To keep releases portable, the build pins the CPU target with MODULARITY_CPU_TARGET:
| MODULARITY_CPU_TARGET | Compiler flags | Intended for |
|---|---|---|
baseline (default) | -march=x86-64 -mtune=generic | Public releases, runs on any x86-64 |
x86-64-v2 | -march=x86-64-v2 -mtune=generic | ~2009+ CPUs (SSE4.2, POPCNT) |
x86-64-v3 | -march=x86-64-v3 -mtune=generic | ~2015+ CPUs (AVX2, BMI, FMA) |
x86-64-v4 | -march=x86-64-v4 -mtune=generic | AVX-512 CPUs only |
native | -march=native -mtune=native | Dev only, tuned to your machine |
From the build script:
./build.sh # baseline
./build.sh --cpu-target=x86-64-v3 # opt into a higher level
./build.sh --native # developer perf testing: DO NOT SHIP
Or directly to CMake: -DMODULARITY_CPU_TARGET=baseline.
Why this matters even on a "normal" -march=x86-64
The flag is applied globally (CMAKE_C/CXX_FLAGS), not just to engine targets,
so the vendored third-party libraries (assimp, GLFW, Dear ImGui, Jolt, zlib, PhysX)
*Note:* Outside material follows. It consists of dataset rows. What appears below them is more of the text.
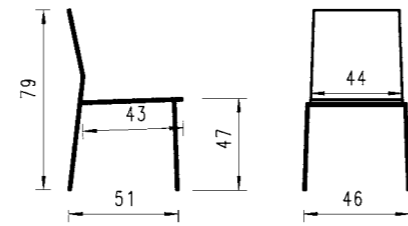

Möbel Letz GmbH
Am Gewerbepark 11
06895 Zahna-Elster

Tel.: 035383 - 6018 50

Fax.: 035383 - 6018 17

Ausführung: Sitzschale und Rückenlehne in Eiche
 Gestell Stahl schwarz
 Stuhl zerlegt zur Selbstmontage
Version: coque d'assise et dossier en chêne
 piétement en acier noir
 chaise démontée à monter soi-même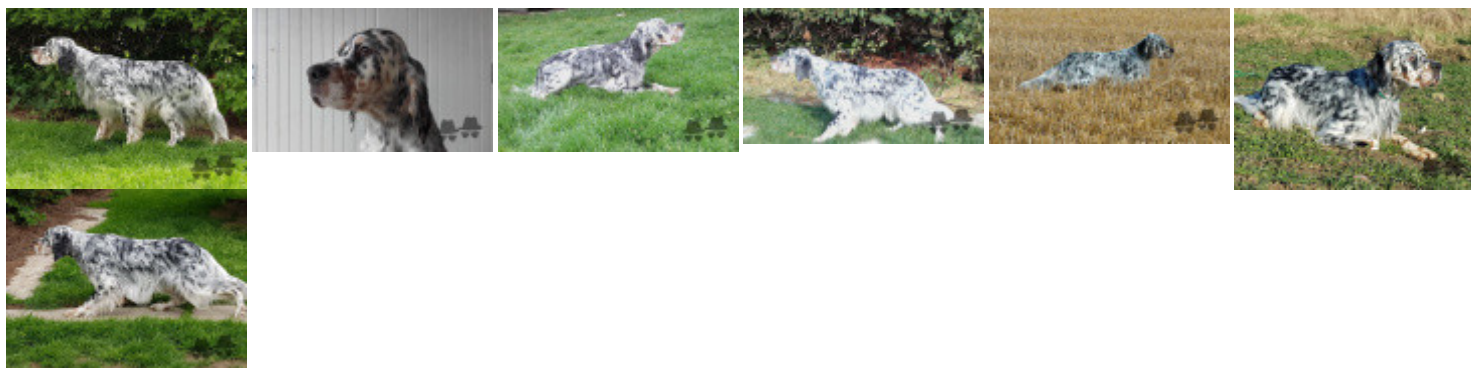

Note : les données ne sont pas garanties. Elles ont été entrées par les membres sans garantie d'exactitude.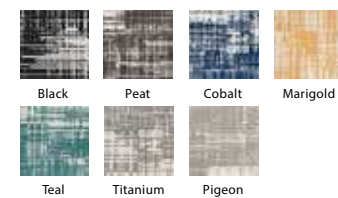

### Down To Earth

\$40 USD / LA PIEZA

Medidas Estandar  
 1.5 X 2.0 m — \$480  
 2.0 X 2.5 m — \$800  
 2.5 X 3.0 m — \$1,200

### Dappled Daylight

\$36 USD/ LA PIEZA

Medidas Estandar  
 1.5 X 2.0 m — \$432  
 2.0 X 2.5 m — \$720  
 2.5 X 3.0 m — \$1,080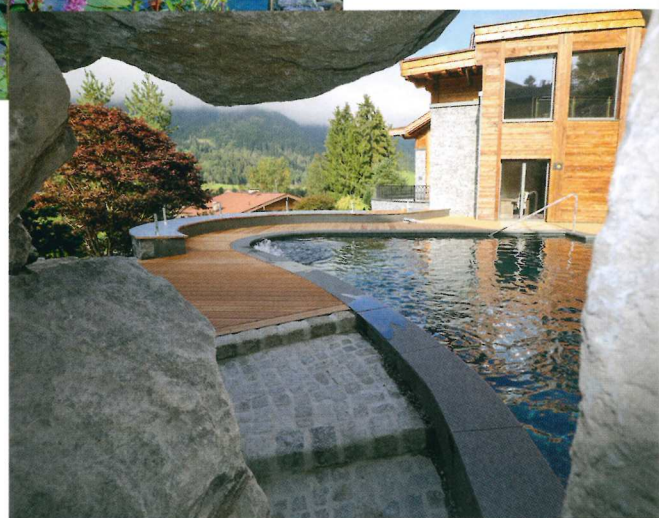

Ungetrübte Wasserfreuden

Die Sieger des Biotop Design- Froschkönig Wettbewerbs 2015.

Redaktion: Susanna Koeberle

Vernetzung und Austausch sind auch in der internationalen Biotop-Szene angesagt. Im Rahmen des Partner-treffens der BIOTOP-Gruppe wurde die beste Anlage ausgezeichnet. Die Jury tagte in Köln, wo der internationale Schwimmteich-Kongress und die Messe «Aquanale» stattfanden. Den ersten Preis in der Kategorie Umbau & Sanierung gewann der Partner Holdevert aus Frankreich. Der Kunde, ein geübter Taucher, wollte auch in seinem Garten tauchen. Entstanden ist eine vielseitige Wasserlandschaft. Ein ansprechender Teich von Poolscape in England in der gleichen Kategorie belegte den 2. Platz. Die Sanierung war ein nicht ganz leichtes Unterfangen, ist aber nun zum Vorzeigeprojekt geworden (grosses Bild).

In der Kategorie Living-Pool gewann eine aufwendige Anlage in Deutschland von der Firma Schleitzer. Der Pool ist zwischen einem Wohnhaus und einem Naturfelsen eingebettet. Ein zweistufiger Wasserfall sowie ein dazwischen liegender Bachlauf bringen Span-

nung ins Projekt. Wie Gärten mit einer Wasseranlage neu zum Leben erweckt werden können, beweist ein Swimming-Teich von Schellheimer in Deutschland. Früher wenig genutzt, ist der Garten durch den attraktiven Teich heute Treffpunkt für Jung und Alt. Je nach Jahreszeit bietet die wechselnde Vegeta-

1. Platz Swimming-
Teich: *Vor zehn
Jahren wurde ein
wenig genutztes
Gartenareal zu einem
Swimming-Teich
umgestaltet.*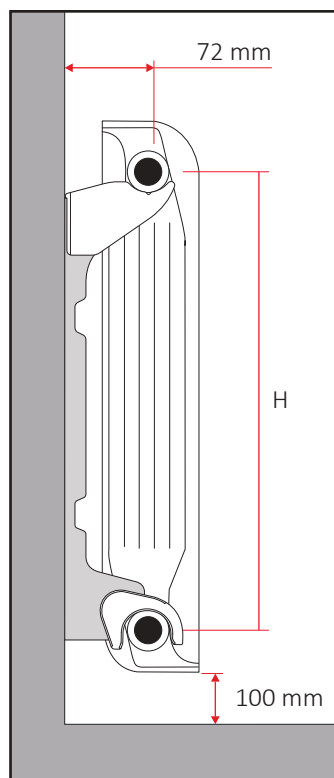

STAFFE A PARETE

Staffa a muro ad aggancio rapido con meccanismo anti-sgancio integrato. Adatto all'installazione di radiatori in alluminio con diametro del collettore compreso tra 40 mm a 45 mm.

60851350	2x GBA H 350		AK2	50	600
60851500	2x GBA H 500		AK2	25	500
60851600	2x GBA H 600		AK2	25	500
60851700	2x GBA H 700		AK2	25	300
60851800	2x GBA H 800		AK2	25	300
60851000	DIMA GBA			150	2400

Le misure sono espresse in millimetri

Distanza GBA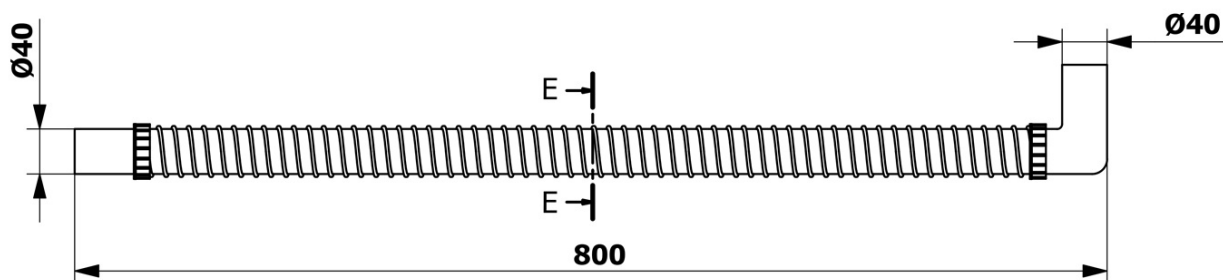

# Produktový list

Objednací kód: **164.321.0**

**FLEXY ohebná propojovací trubka, L-80 cm, koleno 40/40 mm**

E-E ( 1:1 )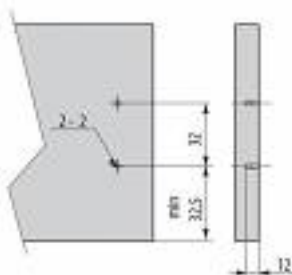

Szuflada MODERN BOX pod piekarnik GTV biała 500 mm

kategoria: Kategorie > Akcesoria meblowe > Systemy szuflad > System szuflad GTV Modern Box

are pinned to the same level. This is required on distributions whose compiler defaults to a higher ISA,
for example: CachyOS ships GCC configured for -march=x86-64-v3,
so without the explicit baseline flag every dependency would silently emit AVX2
and the release would crash on older CPUs.
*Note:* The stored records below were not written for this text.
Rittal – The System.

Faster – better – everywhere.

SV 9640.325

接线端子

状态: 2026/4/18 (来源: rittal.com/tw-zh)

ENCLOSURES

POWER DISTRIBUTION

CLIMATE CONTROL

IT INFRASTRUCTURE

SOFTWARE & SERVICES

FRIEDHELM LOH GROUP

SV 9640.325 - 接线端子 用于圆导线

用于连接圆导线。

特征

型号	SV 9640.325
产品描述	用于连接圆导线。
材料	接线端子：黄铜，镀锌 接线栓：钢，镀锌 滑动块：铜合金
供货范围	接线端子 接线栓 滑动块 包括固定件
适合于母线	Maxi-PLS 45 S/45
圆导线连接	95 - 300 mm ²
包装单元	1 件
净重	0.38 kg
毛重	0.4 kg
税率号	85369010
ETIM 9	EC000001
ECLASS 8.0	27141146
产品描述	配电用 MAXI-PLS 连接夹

Jolt is a special case: it advertises its SIMD flags (-mavx2, -mavx512f, …)
as PUBLIC usage requirements, which leak into the engine executable.
Its USE_SSE4_*/USE_AVX* switches are therefore driven entirely from
MODULARITY_CPU_TARGET in the top-level CMakeLists.txt
so the bundled physics lib can never push a release above the requested baseline.
The CRT ISA note
On some distros (again, CachyOS and similar performance-tuned images) the C
runtime startup objects (Scrt1.o / crt1.o)
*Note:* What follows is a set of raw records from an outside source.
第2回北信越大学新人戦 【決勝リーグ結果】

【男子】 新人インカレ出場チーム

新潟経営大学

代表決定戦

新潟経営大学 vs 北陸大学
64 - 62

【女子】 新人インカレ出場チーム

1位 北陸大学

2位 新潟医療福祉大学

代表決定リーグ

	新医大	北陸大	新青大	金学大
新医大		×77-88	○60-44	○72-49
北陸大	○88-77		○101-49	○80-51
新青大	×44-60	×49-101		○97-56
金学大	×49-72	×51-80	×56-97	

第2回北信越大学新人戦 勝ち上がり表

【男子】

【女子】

are themselves built for a high ISA level. They get linked into every executable and stamp a
.note.gnu.property "x86 ISA needed: x86-64-v3/-v4" onto the binary
regardless of -march. That note is what the loader checks.
For the baseline target the build strips this note from the produced
executables (objcopy --remove-section .note.gnu.property, wired as a CMake POST_BUILD step).
Because the baseline target also forces all code to
baseline ISA, the stripped binary is genuinely safe to run anywhere. Higher
targets keep the honest note as a real safety gate.
Note: miniaudio (in
AudioSystem.cpp) contains AVX2 code paths that are dispatched at runtime behind CPUID checks (ma_has_avx2()etc.). Those instructions never execute on a CPU that doesn't advertise support, hence, they are safe on baseline builds.
Release verification
tools/verify-cpu-isa.sh is the release gate. It runs readelf -n over the
main executables and every bundled .so, prints each binary's x86 ISA notes, and fails (exit 1)
if any binary requires an ISA level above the allowed maximum.
build.sh runs it automatically after packaging on native Linux builds
(it is skipped for --native, which is dev-only).
To run it by hand:
tools/verify-cpu-isa.sh --max-level=baseline build/ # scan a dir
tools/verify-cpu-isa.sh --max-level=baseline ./Modularity # scan a file
readelf -n ./Modularity | grep -i -A4 "x86" # manual spot-check
A passing baseline release shows x86 ISA needed: (none) (note stripped) or
x86-64-baseline, and never x86-64-v3 / x86-64-v4.
If the verifier flags a bundled third-party .so (e.g. a system FFmpeg
copied from a CachyOS host) as requiring v3/v4, that library genuinely uses
those instructions and cannot be made portable by stripping a note. Rebuild it
generically or build the public release on a generic-toolchain host/container.